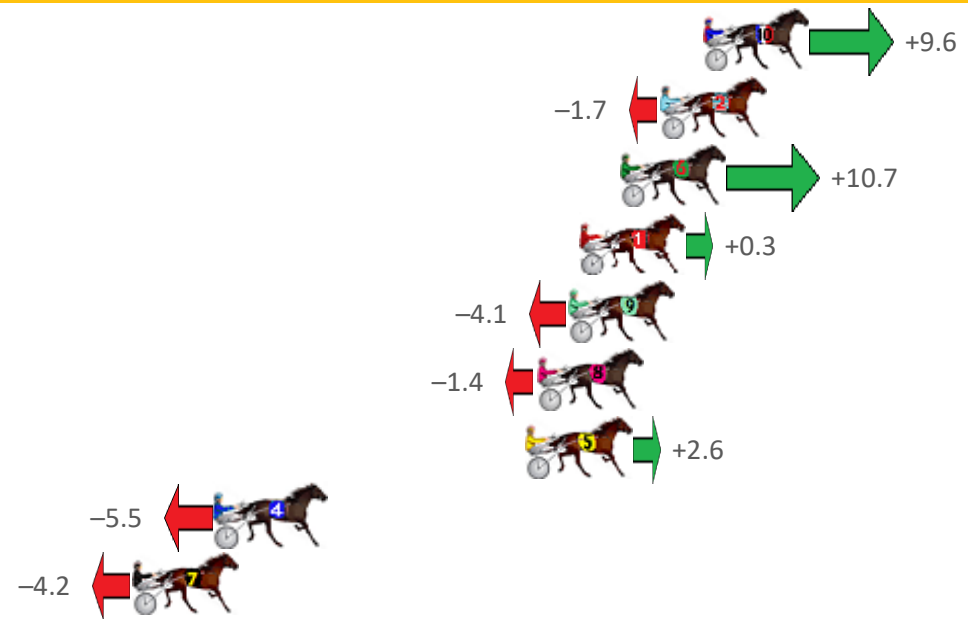

Bunbury Race 1 Distance 2100m

Tuesday, 11 January 2022

Gross Time: 2:34.40 MileRate: 1:58.30 LeadTime: 36.40s First Qtr: 31.40s Second Qtr: 30.10s Third Qtr: 28.90s Fourth Qtr: 27.60s

No Horse	Plc	Margin	Time	800Time (W)	400 Time (W)
10 SOVRANA	1	0.0m	2:34.40	55.83s (1)	26.98s (2)
2 CHAMPAGNE EVERYON	2	1.7m	2:34.52	56.62s (0)	27.72s (0)
6 BRAMANTE STEPS	3	3.3m	2:34.64	55.75s (1)	26.88s (1)
1 ALTA QUEEN	4	4.9m	2:34.76	56.48s (0)	27.52s (0)
9 MAKE YOUR MARK	5	5.3m	2:34.78	56.79s (1)	27.91s (1)
8 CHEESE AND BICCYS	6	6.6m	2:34.88	56.60s (1)	27.65s (1)
5 MISS SASSY	7	7.0m	2:34.91	56.32s (0)	27.35s (0)
4 CAPTAINS COTE	8	19.3m	2:35.80	56.89s (0)	27.88s (0)
7 THE HOPE DIAMOND	9	22.6m	2:36.04	56.79s (1)	27.83s (1)

Finish Position and metres gained from 800m

Sectionals
Powered
by

Home of Australian Harness Sectionals

PJ Harness Analyser

Daily Raw Data directly to your inbox

All Victorian Racing added as of 17 January 2022

www.pjdata.com.au admin@pjdata.com.au www.facebook.com/PJHarnessRacing

RWWA and provider are not responsible for the completeness or accuracy of any of the information contained herein, and makes no representations about its suitability for any purpose.
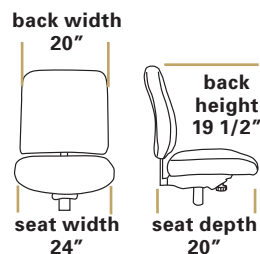

BT 51 & 52
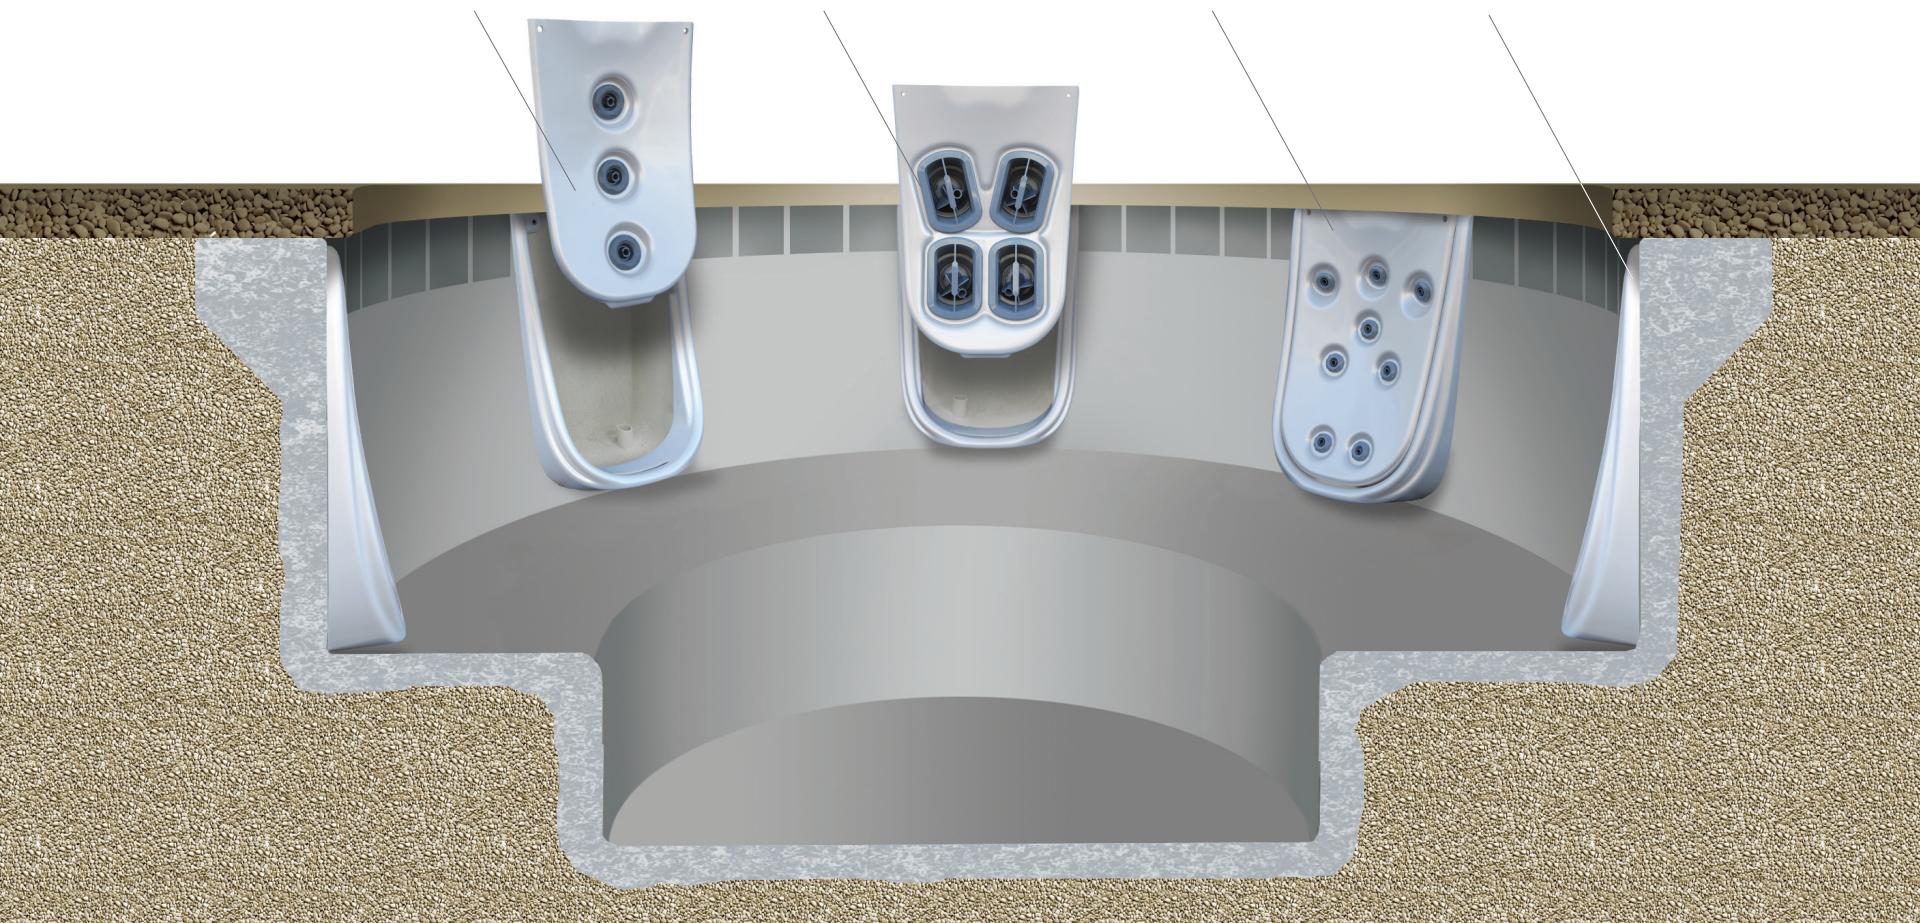

• EASY TO INSTALL
AND REMOVE

• CUSTOMIZE YOUR SPA WITH
MULTIPLE JET OPTIONS

• MULTIPLE COLOR OPTIONS TO
ACCENT YOUR SPA FINISH

• CONTOURED FOR
MORE COMFORT
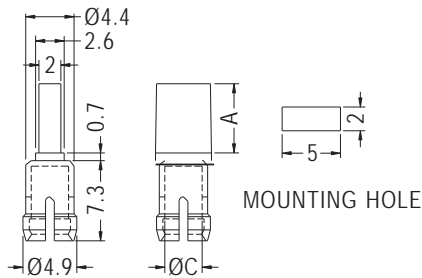

LENS CAP

- MATERIAL:PC (UL)
- FLAME CLASS:94V-2
- COLOR:TRANSPARENT
- UNIT:mm

CHASSIS Ø4.4
THICKNESS 1.57-3.2

PART NO	A	C	PACKAGE
LC3-2	6.3	3.4	1000
LC3-7	2.5	3.4
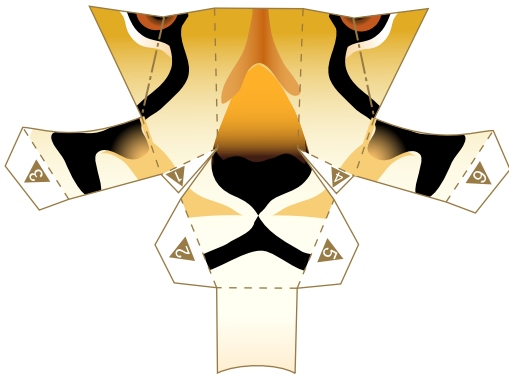

PAPER CRAFT

Cheetah

Classification: Mammal, Carnivore, Cat Family
Height: 120 to 150 cm
Weight: 30 to 65 kg
Habitat: Western Asia, central Asia, India, Africa
Population: 12,000 to 15,000

The cheetah is the fastest of all land animals, capable of running at speeds up to 120 kph. Cheetahs have slim bodies, long legs, long tails, and high shoulders. A cheetah cannot retract its claws, so they are always out to grip the earth like spikes on a runner's shoes. The cheetah's broad chest holds a large heart and lungs. All these different features of a cheetah's body work together to help it run. Clearly, cheetahs were born to run fast. However, cheetahs can only maintain their top speed for a distance of about 500 meters, and in fact often fail to catch their prey.

HEAD

⇒ Do not glue areas marked with an arrow; instead, insert these parts into their mating parts, in the direction indicated by the arrow.

FRONT LEG (Left)

SNOUT

FRONT LEG (Right)

BODY

△ HIND LEGS

△ HIND LEGS

△ HIND LEGS

⇨ Do not glue areas marked with an arrow; instead, insert these parts into their mating parts, in the direction indicated by the arrow.

Glue tabs △1 through △4, after all other tabs have been glued to the proper parts.

HIND LEG (Left)

TAIL

## ASSIGNMENT:
Only the number is wanted here. How many lines in the entries contain "direction"?

## ANSWER:
2